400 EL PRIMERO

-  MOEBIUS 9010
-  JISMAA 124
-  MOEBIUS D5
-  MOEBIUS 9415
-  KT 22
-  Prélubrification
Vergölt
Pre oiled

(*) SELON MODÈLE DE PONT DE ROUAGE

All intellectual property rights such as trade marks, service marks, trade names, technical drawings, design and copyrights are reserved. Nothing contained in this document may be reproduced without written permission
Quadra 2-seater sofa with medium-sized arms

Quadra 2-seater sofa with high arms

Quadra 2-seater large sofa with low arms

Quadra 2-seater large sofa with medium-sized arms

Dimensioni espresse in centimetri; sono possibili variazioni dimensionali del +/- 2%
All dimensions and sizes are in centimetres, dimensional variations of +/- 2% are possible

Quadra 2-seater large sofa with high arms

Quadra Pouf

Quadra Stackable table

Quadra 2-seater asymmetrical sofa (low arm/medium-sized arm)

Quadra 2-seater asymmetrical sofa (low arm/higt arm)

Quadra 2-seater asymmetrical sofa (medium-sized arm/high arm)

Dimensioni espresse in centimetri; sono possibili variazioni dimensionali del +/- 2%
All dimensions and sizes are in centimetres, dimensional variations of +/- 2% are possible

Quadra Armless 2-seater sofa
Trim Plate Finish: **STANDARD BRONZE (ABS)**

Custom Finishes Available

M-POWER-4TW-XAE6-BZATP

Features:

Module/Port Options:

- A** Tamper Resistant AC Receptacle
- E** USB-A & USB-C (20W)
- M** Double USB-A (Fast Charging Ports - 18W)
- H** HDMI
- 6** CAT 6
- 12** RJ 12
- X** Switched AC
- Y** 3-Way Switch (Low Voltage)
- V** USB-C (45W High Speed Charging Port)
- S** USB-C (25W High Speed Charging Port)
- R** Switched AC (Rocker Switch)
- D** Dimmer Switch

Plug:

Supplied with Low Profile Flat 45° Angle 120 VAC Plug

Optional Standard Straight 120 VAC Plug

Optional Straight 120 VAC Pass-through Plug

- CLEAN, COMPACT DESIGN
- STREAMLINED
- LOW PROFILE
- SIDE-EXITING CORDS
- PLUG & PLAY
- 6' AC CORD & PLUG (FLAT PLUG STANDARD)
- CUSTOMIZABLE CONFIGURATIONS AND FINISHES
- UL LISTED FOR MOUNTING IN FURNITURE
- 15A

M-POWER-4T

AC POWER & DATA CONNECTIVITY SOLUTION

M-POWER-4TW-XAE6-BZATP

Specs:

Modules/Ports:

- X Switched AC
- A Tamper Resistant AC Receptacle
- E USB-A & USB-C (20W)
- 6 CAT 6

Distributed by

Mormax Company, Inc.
--
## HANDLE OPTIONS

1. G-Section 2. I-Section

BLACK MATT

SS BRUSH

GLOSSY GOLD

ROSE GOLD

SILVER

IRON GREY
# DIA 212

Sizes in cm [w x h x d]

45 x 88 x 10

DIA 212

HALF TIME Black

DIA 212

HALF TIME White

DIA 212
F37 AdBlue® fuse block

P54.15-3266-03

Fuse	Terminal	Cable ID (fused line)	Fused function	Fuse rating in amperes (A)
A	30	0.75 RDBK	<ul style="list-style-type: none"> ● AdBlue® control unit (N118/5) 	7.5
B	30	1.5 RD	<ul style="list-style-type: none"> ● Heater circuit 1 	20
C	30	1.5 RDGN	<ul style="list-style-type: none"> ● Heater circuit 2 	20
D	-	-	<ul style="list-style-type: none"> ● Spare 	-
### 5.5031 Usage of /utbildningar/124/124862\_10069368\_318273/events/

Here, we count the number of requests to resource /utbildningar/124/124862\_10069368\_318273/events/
...
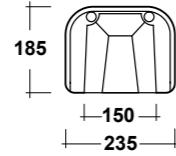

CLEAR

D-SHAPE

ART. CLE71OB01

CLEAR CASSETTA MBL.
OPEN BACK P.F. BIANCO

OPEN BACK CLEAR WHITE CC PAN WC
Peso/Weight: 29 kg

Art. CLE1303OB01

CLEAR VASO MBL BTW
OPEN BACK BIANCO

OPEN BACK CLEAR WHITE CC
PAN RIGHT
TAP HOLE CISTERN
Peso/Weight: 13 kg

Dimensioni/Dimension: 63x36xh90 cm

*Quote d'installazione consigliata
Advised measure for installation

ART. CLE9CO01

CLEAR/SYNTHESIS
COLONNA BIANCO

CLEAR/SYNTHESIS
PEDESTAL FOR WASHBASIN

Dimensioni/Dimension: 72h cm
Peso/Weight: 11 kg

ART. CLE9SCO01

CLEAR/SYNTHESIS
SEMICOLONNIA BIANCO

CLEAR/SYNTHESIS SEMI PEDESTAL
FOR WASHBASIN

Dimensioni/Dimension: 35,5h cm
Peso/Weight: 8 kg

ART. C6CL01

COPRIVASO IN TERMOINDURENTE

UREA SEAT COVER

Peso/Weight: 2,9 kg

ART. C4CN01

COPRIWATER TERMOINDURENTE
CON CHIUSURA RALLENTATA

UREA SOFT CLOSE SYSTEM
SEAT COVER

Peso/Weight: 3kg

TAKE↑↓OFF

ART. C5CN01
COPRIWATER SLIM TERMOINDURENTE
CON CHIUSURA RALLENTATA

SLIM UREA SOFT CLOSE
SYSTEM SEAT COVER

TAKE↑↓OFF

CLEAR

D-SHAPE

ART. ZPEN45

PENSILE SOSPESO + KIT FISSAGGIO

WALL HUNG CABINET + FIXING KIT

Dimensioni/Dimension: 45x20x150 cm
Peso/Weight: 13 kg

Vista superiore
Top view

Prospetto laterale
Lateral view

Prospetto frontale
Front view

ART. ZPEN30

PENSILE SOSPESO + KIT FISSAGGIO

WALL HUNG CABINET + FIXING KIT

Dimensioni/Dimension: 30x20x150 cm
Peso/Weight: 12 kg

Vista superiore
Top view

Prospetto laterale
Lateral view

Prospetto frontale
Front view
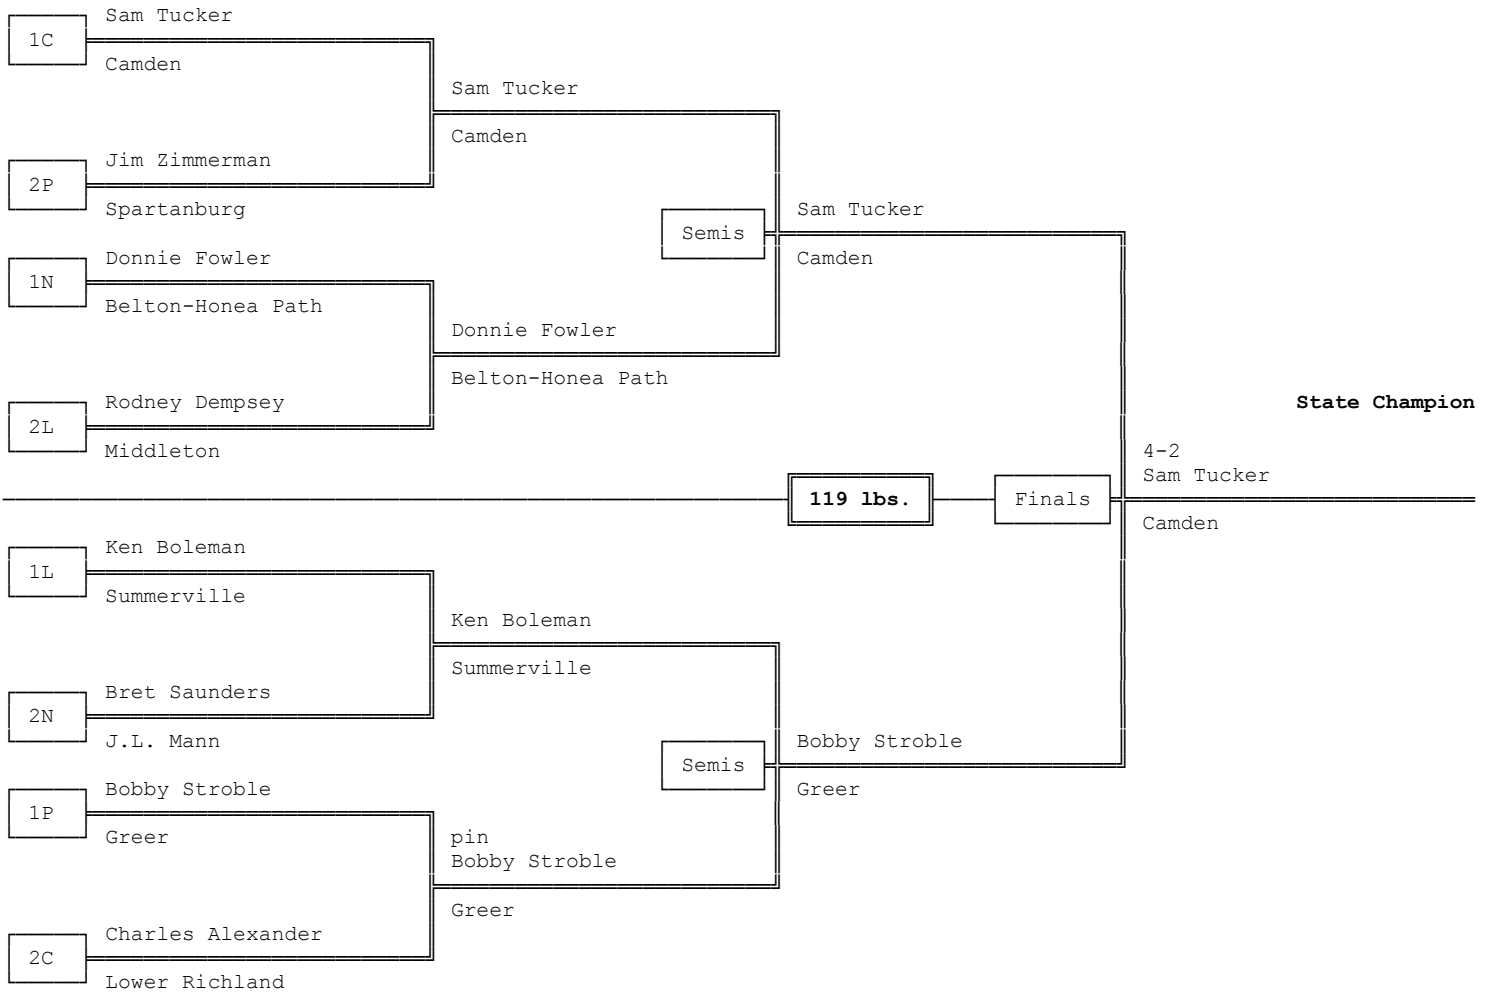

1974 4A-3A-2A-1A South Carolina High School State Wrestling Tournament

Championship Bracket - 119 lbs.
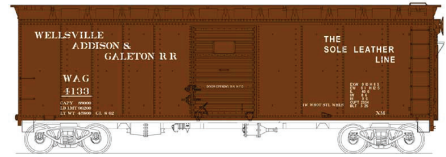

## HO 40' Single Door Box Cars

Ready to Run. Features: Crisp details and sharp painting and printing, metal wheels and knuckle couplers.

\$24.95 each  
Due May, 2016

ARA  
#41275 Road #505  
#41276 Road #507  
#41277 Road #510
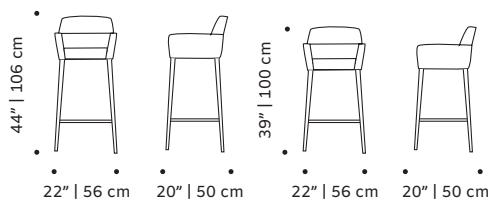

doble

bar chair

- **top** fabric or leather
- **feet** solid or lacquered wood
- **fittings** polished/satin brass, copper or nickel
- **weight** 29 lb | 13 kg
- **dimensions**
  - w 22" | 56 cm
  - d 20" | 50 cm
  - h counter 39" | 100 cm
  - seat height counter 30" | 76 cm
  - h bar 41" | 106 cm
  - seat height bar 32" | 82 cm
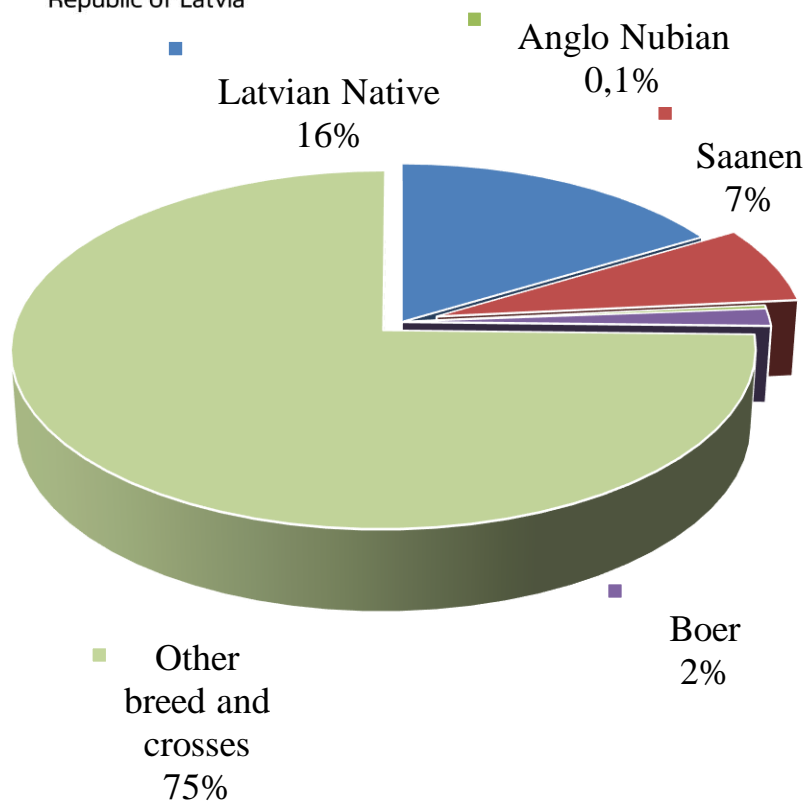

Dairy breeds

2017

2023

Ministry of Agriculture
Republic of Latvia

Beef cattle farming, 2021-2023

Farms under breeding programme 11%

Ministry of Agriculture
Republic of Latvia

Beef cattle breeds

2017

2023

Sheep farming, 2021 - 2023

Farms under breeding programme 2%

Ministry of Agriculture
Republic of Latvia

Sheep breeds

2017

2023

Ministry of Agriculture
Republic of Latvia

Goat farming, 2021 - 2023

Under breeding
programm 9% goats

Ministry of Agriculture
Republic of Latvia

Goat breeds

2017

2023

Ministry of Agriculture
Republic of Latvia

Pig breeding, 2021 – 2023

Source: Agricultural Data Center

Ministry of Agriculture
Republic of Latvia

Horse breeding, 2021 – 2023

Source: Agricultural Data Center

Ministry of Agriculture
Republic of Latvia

**Instructions for the task:**
Please give an exact copy of the entries above, from the line with "400 EL PRIMERO" down to the line with "- 6** CAT 6", inclusive, and nothing else.

**Written answer:**
400 EL PRIMERO

-  MOEBIUS 9010
-  JISMAA 124
-  MOEBIUS D5
-  MOEBIUS 9415
-  KT 22
-  Prélubrification
Vergölt
Pre oiled

(*) SELON MODÈLE DE PONT DE ROUAGE

All intellectual property rights such as trade marks, service marks, trade names, technical drawings, design and copyrights are reserved. Nothing contained in this document may be reproduced without written permission
Quadra 2-seater sofa with medium-sized arms

Quadra 2-seater sofa with high arms

Quadra 2-seater large sofa with low arms

Quadra 2-seater large sofa with medium-sized arms

Dimensioni espresse in centimetri; sono possibili variazioni dimensionali del +/- 2%
All dimensions and sizes are in centimetres, dimensional variations of +/- 2% are possible

Quadra 2-seater large sofa with high arms

Quadra Pouf

Quadra Stackable table

Quadra 2-seater asymmetrical sofa (low arm/medium-sized arm)

Quadra 2-seater asymmetrical sofa (low arm/higt arm)

Quadra 2-seater asymmetrical sofa (medium-sized arm/high arm)

Dimensioni espresse in centimetri; sono possibili variazioni dimensionali del +/- 2%
All dimensions and sizes are in centimetres, dimensional variations of +/- 2% are possible

Quadra Armless 2-seater sofa
Trim Plate Finish: **STANDARD BRONZE (ABS)**

Custom Finishes Available

M-POWER-4TW-XAE6-BZATP

Features:

Module/Port Options:

- A** Tamper Resistant AC Receptacle
- E** USB-A & USB-C (20W)
- M** Double USB-A (Fast Charging Ports - 18W)
- H** HDMI
- 6** CAT 6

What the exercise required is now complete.